Automatically multithreading does have its complications. For one, you often can’t multithread a scalar operation, so it’s really the higher-order map or reduction you want to multithread. For another, you don’t really want to multithread an already multithreaded operation because the multiplied threading overhead won’t be compensated by more cores. That’s partially why base MATLAB has inherently vectorized operations; it’s more readable and less complicated to multithread separated matrix operations. Julia however doesn’t have many of those, even the similar-looking dotted operations syntax lowers to a higher-order function calling scalar operations, similar to MATLAB’s bsxfun. Similar readability to dotted operations syntax can also be achieved by macros.

Can we multithread easily in Julia? Let’s give ThreadsX.jl a shot, as yolhan_mannes suggested:

julia> using ThreadsX; Threads.nthreads()
8

julia> @time f_noalloc(10_000) # same as my earlier implementation
  3.937923 seconds

julia> @time f_threaded(10_000) # switches _noalloc code to ThreadsX.sum, allocates
  1.191136 seconds (5.08 M allocations: 433.655 MiB, 15.10% gc time)

julia> @time f_noalloc_cispi(10_000)
  2.064730 seconds

julia> @time f_cispi_threaded(10_000)
  0.945237 seconds (5.08 M allocations: 433.655 MiB, 19.76% gc time)

Changing sum to ThreadsX.sum gave a 3.31x or 2.18x speedup on 8 available Intel cores depending on whether I used cispi, on par with the initial observed discrepancy between MATLAB and Julia and far outpacing the speed costs of the introduced allocations. By comparison, M2 Max has 8 performance cores and 4 efficiency cores, and MATLAB users have suggested all 12 are used. In the original example, though, N=100_000, so let’s also check that:

julia> @time f_cispi_threaded(100_000)
 62.908176 seconds (50.80 M allocations: 4.236 GiB, 3.99% gc time)
3 Likes

Yes, this is what I referred to regarding other ‘subtitles’. But with some extra work you can both avoid allocations and get the other optimizations.

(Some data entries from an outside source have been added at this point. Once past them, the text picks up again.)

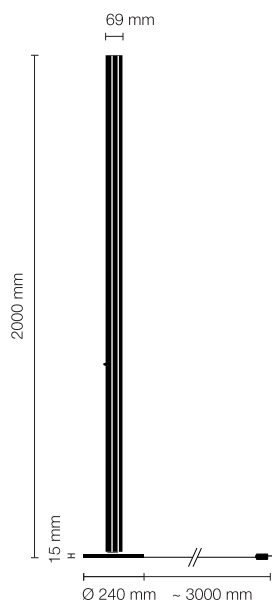

Stehleuchte YPSILON-04-AL-LED

Typ	YPSILON-04-AL-LED
Bestellnummer	51001604-AL

Leuchtentyp/Montageart	Stehleuchte
Ausführung	LED
Energieeffizienzklasse	A+
Leuchtmittel	LED, 2700 K, 3100 lm, CRI > 80 incl.
Betriebsart	Dimmbar
Bedienung	An Leuchte
Betriebsgerät (Anzahl)	Treiber (1), in Leuchte integriert
Farbe	Alu natur
Diffusor	PC, weiss satiniert
Standrohr	Aluminium; Alu natur, eloxiert
Leuchtenfuss	Aluminium; Alu natur, eloxiert
Netzkabel	Schwarz, 3x0.75mm ² , L 3000 mm
Netzstecker	CH (Typ J), Schuko (Typ F) oder UK (Typ G)

Lichtverteilung	Diffus
Leistungsaufnahme	35 W
Bemessungsspannung	230V/50Hz
Stand-by Verbrauch	< 0.5W
Schutzklasse	I
Schutzart	IP 20
Verpackungseinheiten	1 (2250 x 250 x 180 mm)
Gewicht	10.6 kg
Garantie	36 Monate

Are there any optimizations that require doing two passes?

I wonder if ThreadsX can cut down on the millions of allocations, 80ish bytes on average. I don’t expect zero because we need something to hold the intermediate values of parallel reduction, but I naively expect there to be possible improvement.

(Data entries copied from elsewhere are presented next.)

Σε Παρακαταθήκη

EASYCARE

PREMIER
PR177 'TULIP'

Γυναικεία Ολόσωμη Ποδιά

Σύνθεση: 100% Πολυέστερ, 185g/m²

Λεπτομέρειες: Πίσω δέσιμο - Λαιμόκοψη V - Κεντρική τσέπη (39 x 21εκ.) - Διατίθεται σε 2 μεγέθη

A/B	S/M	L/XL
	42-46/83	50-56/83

There are some programs where multiple passes help a lot, but in this case where we can fuse the elementwise operations into one kernel, I’m leaning to no. I may be wrong, but I also don’t expect that kernel being computed alongside the reduction step to lose performance. AFAIK MATLAB is technically free to JIT this, but I don’t know how to find out if the JIT is capable of that, and MATLAB user discussions don’t seem to know much more. Not gonna buy it again to dig further.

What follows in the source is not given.